Yerro hesitated before speaking. “You’re thinking of that girl, aren’t you? The one from the gathering?”

Ousman looked away. “You notice everything, don’t you?”

“I’m not blind, uncle. But listen to me: chasing that path will not give you peace. It will only stir the ashes.”

“I don’t plan to marry her,” Ousman said, though his voice lacked conviction. “I just want to see her again. Once. So I can put this restlessness to bed.”

Yerro sighed. “That’s how fire starts — with one spark that thinks it won’t burn.”

Ousman’s eyes hardened slightly. “You speak like I have no control.”

“I speak like someone who’s watched marriages crumble for less,” Yerro replied quietly. “Borogie says reconciliation takes both will and humility. You’ve given a bit of will. Try the other.”

The older man said nothing, tracing the rim of his cup with his thumb.

By midday, Borogie heard of the supper and the uneasy truce. She was tending to her garden when Yerro returned and told her.

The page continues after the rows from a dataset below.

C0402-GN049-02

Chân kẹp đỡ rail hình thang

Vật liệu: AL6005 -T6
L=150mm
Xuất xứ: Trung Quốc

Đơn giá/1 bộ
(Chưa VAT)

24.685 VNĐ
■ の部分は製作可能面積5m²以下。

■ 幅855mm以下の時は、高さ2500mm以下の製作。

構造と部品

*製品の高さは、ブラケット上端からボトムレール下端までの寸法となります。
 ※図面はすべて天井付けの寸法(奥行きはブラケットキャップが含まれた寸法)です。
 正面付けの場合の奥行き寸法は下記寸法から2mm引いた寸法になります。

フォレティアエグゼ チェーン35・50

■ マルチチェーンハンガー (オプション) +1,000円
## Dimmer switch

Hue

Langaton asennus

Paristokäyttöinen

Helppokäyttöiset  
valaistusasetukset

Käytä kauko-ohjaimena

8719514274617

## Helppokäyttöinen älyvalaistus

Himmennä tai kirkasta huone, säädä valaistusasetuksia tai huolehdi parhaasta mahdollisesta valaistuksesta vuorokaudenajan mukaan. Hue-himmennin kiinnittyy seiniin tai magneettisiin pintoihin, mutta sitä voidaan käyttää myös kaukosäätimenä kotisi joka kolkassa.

“So they ate together?” she asked, brushing soil from her hands.

“Yes,” he said. “But peace hasn’t taken root yet. He’s still torn. His thoughts wander to that girl from the gathering. I fear if he sees her again, all we’ve tried to mend will come undone.”

Borogie sighed, straightening up. “That is the way of men, Yerro. When they feel unseen at home, they start seeking reflection elsewhere — in gentler tones, in new faces. But what they chase isn’t the woman. It’s the version of themselves they think they lost.”

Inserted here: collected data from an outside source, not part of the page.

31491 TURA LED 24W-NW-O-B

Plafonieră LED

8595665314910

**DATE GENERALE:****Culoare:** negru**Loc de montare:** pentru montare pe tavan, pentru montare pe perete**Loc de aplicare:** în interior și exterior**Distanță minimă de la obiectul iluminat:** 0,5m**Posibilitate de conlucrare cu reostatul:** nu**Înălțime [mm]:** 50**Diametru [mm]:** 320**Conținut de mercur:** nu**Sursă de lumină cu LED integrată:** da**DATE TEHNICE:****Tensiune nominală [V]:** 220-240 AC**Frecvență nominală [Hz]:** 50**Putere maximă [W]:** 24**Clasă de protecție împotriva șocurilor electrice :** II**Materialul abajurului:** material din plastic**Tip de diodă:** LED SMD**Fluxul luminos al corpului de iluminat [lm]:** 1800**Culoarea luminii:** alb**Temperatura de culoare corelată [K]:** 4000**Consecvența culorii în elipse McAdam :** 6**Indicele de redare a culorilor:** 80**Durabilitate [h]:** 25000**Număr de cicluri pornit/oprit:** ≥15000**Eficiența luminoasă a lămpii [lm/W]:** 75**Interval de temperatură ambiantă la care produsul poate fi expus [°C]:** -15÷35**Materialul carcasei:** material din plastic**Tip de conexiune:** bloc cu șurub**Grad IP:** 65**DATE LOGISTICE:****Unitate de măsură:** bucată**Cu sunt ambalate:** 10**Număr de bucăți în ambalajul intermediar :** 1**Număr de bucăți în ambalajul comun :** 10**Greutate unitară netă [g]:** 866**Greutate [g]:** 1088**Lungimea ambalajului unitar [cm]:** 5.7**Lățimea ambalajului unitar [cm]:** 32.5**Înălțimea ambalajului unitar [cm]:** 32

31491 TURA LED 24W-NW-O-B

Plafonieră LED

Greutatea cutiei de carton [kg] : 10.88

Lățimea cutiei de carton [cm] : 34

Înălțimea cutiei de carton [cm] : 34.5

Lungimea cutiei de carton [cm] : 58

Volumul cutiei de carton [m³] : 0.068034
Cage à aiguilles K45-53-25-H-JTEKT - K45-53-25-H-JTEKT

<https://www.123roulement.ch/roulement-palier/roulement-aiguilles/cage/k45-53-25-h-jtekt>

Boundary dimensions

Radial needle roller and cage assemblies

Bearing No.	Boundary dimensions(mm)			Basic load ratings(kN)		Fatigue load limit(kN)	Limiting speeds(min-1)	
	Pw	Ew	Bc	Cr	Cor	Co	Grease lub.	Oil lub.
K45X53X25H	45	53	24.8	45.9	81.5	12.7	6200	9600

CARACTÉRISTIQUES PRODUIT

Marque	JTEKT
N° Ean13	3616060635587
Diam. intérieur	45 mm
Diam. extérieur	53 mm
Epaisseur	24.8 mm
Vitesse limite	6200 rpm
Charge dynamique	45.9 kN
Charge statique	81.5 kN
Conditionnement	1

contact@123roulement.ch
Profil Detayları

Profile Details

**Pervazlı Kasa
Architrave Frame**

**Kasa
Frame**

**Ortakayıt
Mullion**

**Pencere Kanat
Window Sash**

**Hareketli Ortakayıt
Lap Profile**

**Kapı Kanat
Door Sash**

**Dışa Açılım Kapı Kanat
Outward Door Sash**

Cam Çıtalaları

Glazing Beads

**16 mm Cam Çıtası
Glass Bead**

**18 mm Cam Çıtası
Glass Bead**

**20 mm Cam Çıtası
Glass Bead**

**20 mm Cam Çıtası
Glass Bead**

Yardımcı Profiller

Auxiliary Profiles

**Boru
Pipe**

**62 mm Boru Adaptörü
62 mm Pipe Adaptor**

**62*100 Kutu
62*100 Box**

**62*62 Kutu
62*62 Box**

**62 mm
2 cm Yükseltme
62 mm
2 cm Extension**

She paused, gazing out toward Ousman’s compound. “Still, I’m glad they spoke. Even uneasy peace is better than silent war. Words, when spoken with care, can begin to patch what other words once tore apart.”

Then, softly, almost to herself, she added, “But words, once spilled, never return in their pure form. Like water poured on the ground — they seep in, leaving stains we cannot see until the earth dries.”

Yerro nodded slowly. “So what now?”

“Now,” Borogie said, “we watch. We pray. And we let time test whether what was said last night was apology or habit.”

She bent again to her work, her fingers pressing into the cool earth, steady and unhurried — as if she understood that some seeds must break before they grow.